3.2. Interviste e committenza. - I rapporti tra l’intervistatore e le istituzioni committenti o gli archivi che gestiscono la conservazione delle registrazioni non sono invece regolati da norme standard; per questo motivo è necessario redigere un contratto dettagliato per l’ingaggio del ricercatore al momento della programmazione della ricerca.

Di regola quando un istituto o un archivio audiovisivo commissiona o finanzia una serie di interviste acquisisce i diritti di utilizzazione economica del prodotto, ovviamente sempre nei limiti dell’oggetto e delle finalità del contratto. Invece i diritti morali, ovvero la paternità dell’opera, restano al ricercatore perché sono per legge inalienabili.

L’istituto che detiene l’intervista, anche se ne ha acquisito i diritti di sfruttamento, non ne può disporre liberamente perché il ricercatore conserva la paternità e in quanto autore mantiene la facoltà di opporsi a eventuali tagli o altre forme di riadattamento da parte di altri; di fatto l’istituto non può applicare le licenze Creative Commons che comportano modifiche dell’opera senza l’assenso dell’autore.


3.3. Interviste e consultazione. - Attorno alla raccolta di interviste esiste un considerevole apparato tecnico-concettuale che ne consente la fruizione e la ricerca, ormai quasi sempre strutturato sotto forma di base di dati (database).

I termini di indicizzazione e i dati catalografici attribuiti ai documenti audiovisivi o ai loro segmenti temporali e il relativo apparato informatico costituiscono un patrimonio di proprietà dell’istituto.

La legge sulla proprietà intellettuale considera le basi dati come opere dell’ingegno di carattere creativo e stabilisce che “Salvo patto contrario, il datore di lavoro è titolare del diritto esclusivo di utilizzazione economica del programma per elaboratore o della banca di dati creati dal lavoratore dipendente nell’esecuzione delle sue mansioni o su istruzioni impartite dallo stesso datore di lavoro” (art. 12 bis), dove l’istituto è libero di disporre della struttura informatico-concettuale, mentre le interviste vengono tutelate in modo indipendente secondo i principi che abbiamo visto.
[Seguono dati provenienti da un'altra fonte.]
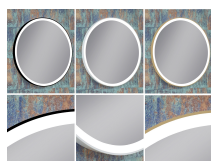

Panoramica

Specchio LED con cornice - solo luce diretta

Codice prodotto: K15SOFTLUX.226

Opzioni

Colore

Dimensioni

Ø60cm

Ø70cm

Ø80cm

Ø90cm

Ø100cm

Ø120cm

Emissione di luce

Solo emissione diretta

Colore della luce

2700K

driver LED integrato. Colori standard della cornice: nero opaco, bianco opaco, oro opaco
Opzionale: interruttore touch, riscaldamento dello specchio, colore speciale della cornice (colori RAL), colore speciale della luce (2700K, RGB), vetro fumé (vetro nero), specchio per il trucco integrato, orologio digitale integrato, dimensioni speciali e Forme speciali.
Si prega di notare i costi di trasporto speciali (merci ingombranti).
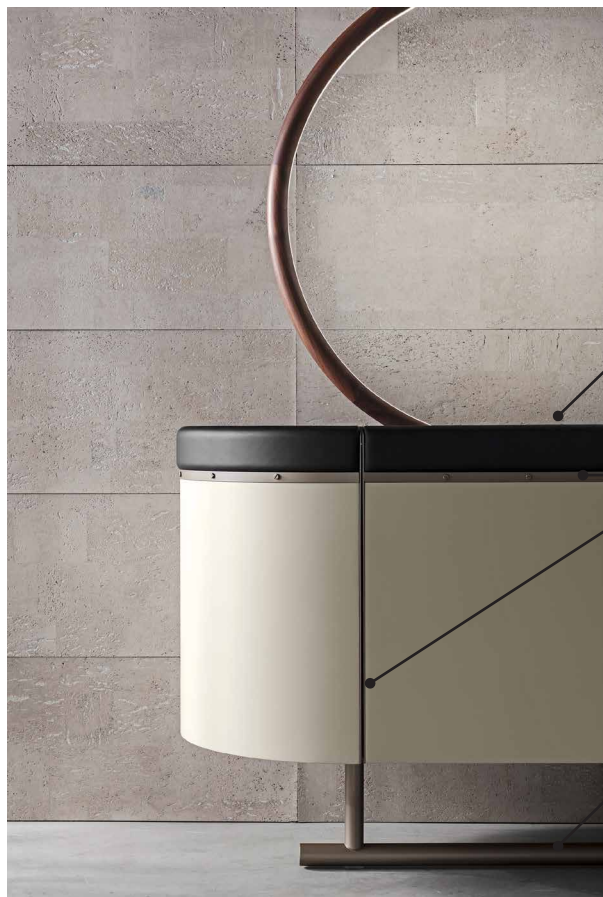

VARIGOTTI 4 4 doors | 4 ante
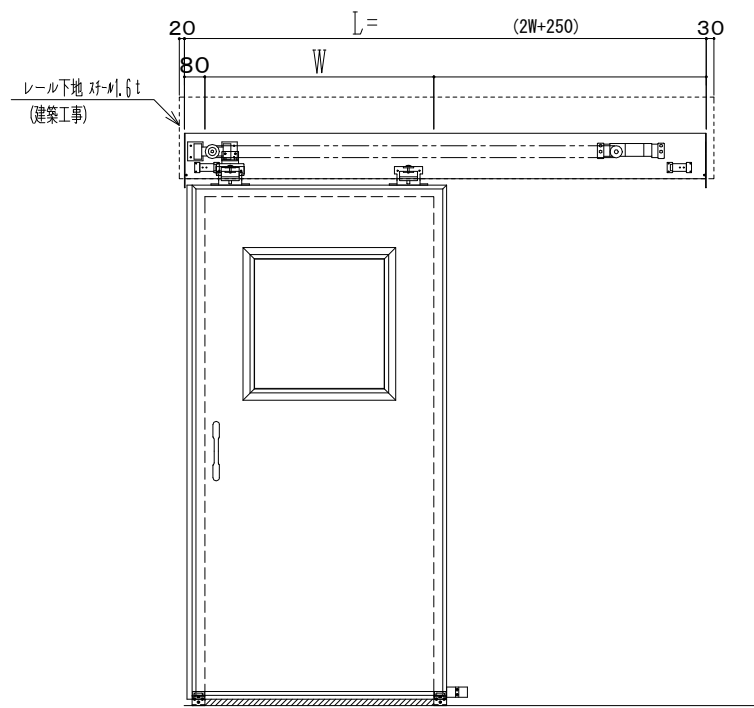

アルミ枠

作 図 縮 尺	
正 面 図	1 / 1
水 平 断 面 図	4 / 1
垂 直 断 面 図	4 / 1

SUNWIZZ	品名: 気密スライド7	型名: SAR40 (V4.1)-片引自動-3方 上部 イタイト	SAR40-41KRF3205-2307
----------------	-------------	----------------------------------	----------------------

È facile intuire il contributo dell’ingegno di chi progetta una banca dati, definisce un thesaurus, attribuisce i termini di indicizzazione ai documenti, ma al di là dell’azione creativa le basi dati sono protette dall’articolo 102 bis e ter, anche come frutto di investimenti finanziari, di tempo o di lavoro con l’assunzione dei relativi rischi.